Of course the Legion clears who might use the poppy for corporate purposes and certainly those wanting to "use" the poppy should expect to ask. The problem with places not "acknowledging the poppy" as Tess put it, is usually one of refusing to allow the Legion to canvass for the poppy campaign.
It is probably useful at this point to review the specific uses of the poppy funds.
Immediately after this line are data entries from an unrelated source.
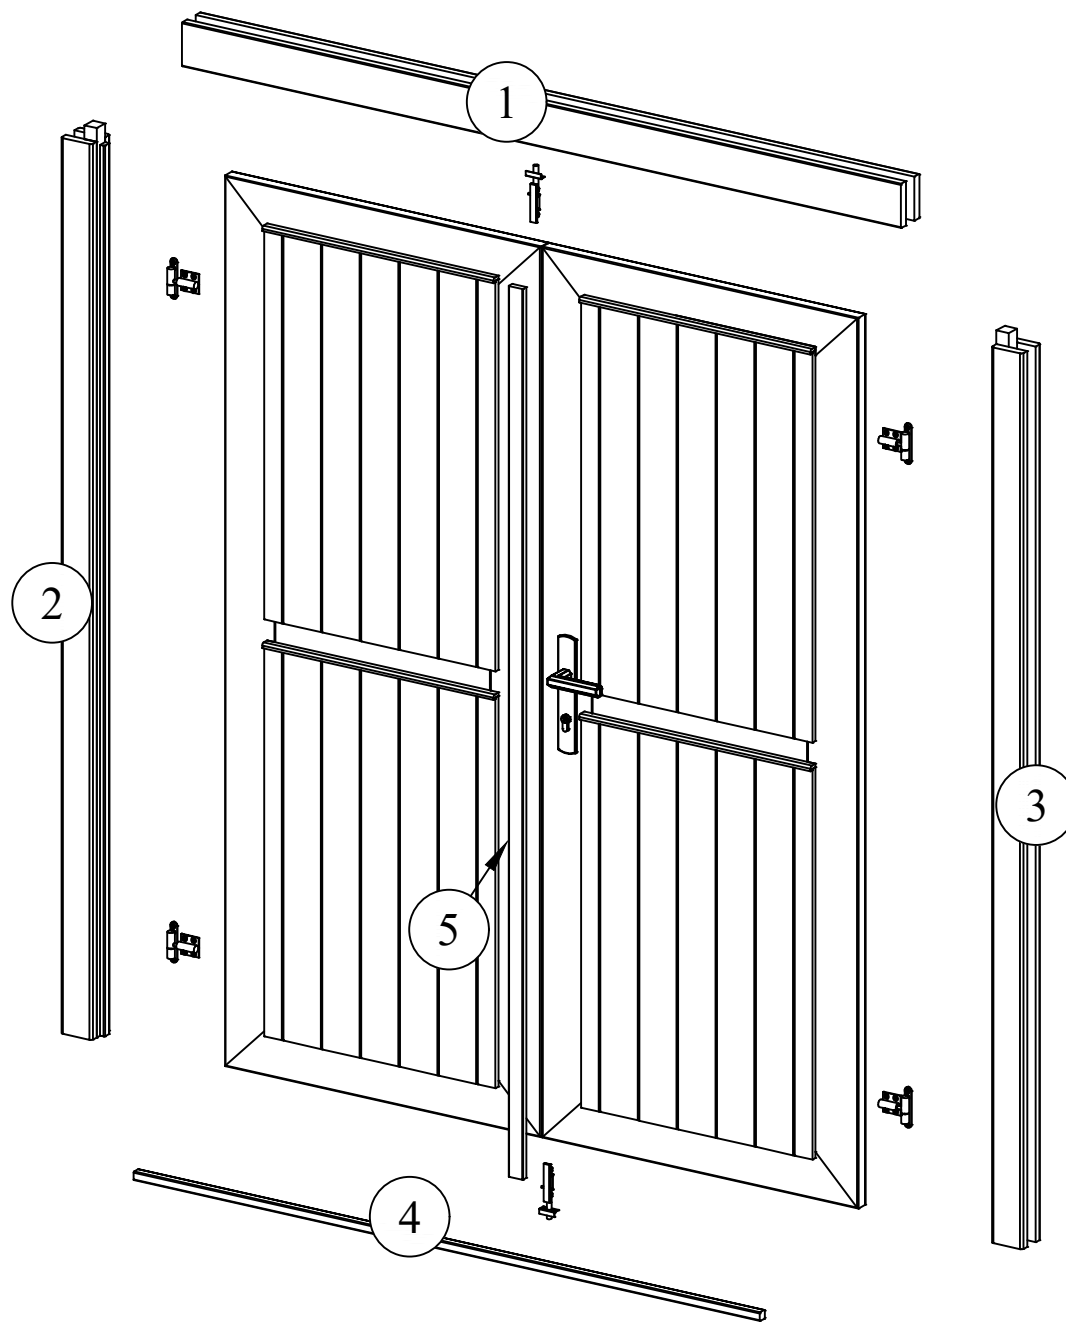

Glass size - Glasgröße - Taille de la vitre - Misura del vetro - Glas afmeting - Klaasi mõõt: 588x280 mm

Pos	27.11.2017	Piece list - Stückliste - Liste des pièces - Elementi - Stuklijst - Tükitabel 14.94x1850 TUL.2.050.IVP.MX28 TA+28	1/2	Q	P (mm)	L (mm)
						
						 1418x1792 mm
1	Upper door jamb - Türrahmen oben - Cadre de porte supérieur - Telaio superiore della porta - Bovendorpel - Ukse ülemine leng			1	66x100	1628
2	Left door jamb - Türrahmen links - Cadre de porte gauche - Telaio montante sinistro della porta - Linkerstijl deurframe - Ukse vasak leng			1	66x80	1850
3	Right door jamb - Türrahmen rechts - Cadre de porte droit - Telaio montante destro della porta - Rechterstijl deurframe - Ukse parem leng			1	66x80	1850
4	Doorstep - Swelle - Barre de seuil - Soglia della porta - Deurdorpel - Lävepakk			1	18x18	1418
5	Connection strip - Deckleiste - Baguette de battement - Profilo verticale della porta - Stulplijst - Kokkuvaltsiliist			1	13x32	1812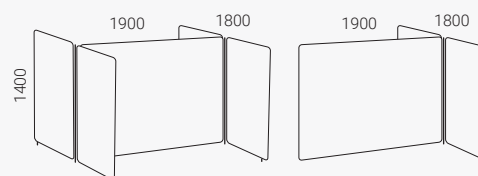

Påbygging

Bås dobbel. Frittstående/start.

Påbygging

Vibe Bås 199

Ramme Ø 25 mm, metall. Tilkobling medfølger.
Reguleringsfot (høyde 35 mm). Totalhøyde 1435.

Bås enkel. Frittstående/start.

Påbygging

Bås dobbel. Frittstående/start.

Påbygging

Vibe Bås Focus

Lydabsorberende skjerm. Tykkelse 40 mm.

Vibe Bås 139 med horisontal ramme

Ramme Ø 25 mm, metall. Tilkobling medfølger.
Reguleringsfot (høyde 35 mm). Totalhøyde 1635.

Vibe Bås 139 med horisontal ramme, forberedt for hylle

The Poppy is the symbol of Remembrance and funds raised in the poppy campaign are used for:
1. Assistance to ex-service personnel and their dependants
2. Affordable housing and care facilities for veterans and other elderly or disabled persons and their dependants
3. Community medical appliances and medical research and training
4. Support services for seniors such as drop-in centres, meals-on-wheels, transportation and related services
5. Providing bursaries for needy students
6. Cost of the poppies, wreaths and supplies
When one donates to the poppy campaign and wears a poppy, or displays a wreath, or just makes a donation, that is what the money is used to support. The money is used in the community where it is raised except if unspent at the end of the poppy campaign year (early fall) when left-over funds are collected by command for provincial projects that support the above. I have personally helped to distribute these funds and it is heartening to see the difference that these public monies, held and given out in trust by the RC Legion, make to people.
The Legion does not have a monopoly on remembering the fallen, as that is a personal matter, but the Legion is the custodian of the symbol of remembrance and how that symbol is used. I firmly believe that that custodianship is needed, well warranted and well looked after by the Royal Canadian Legion.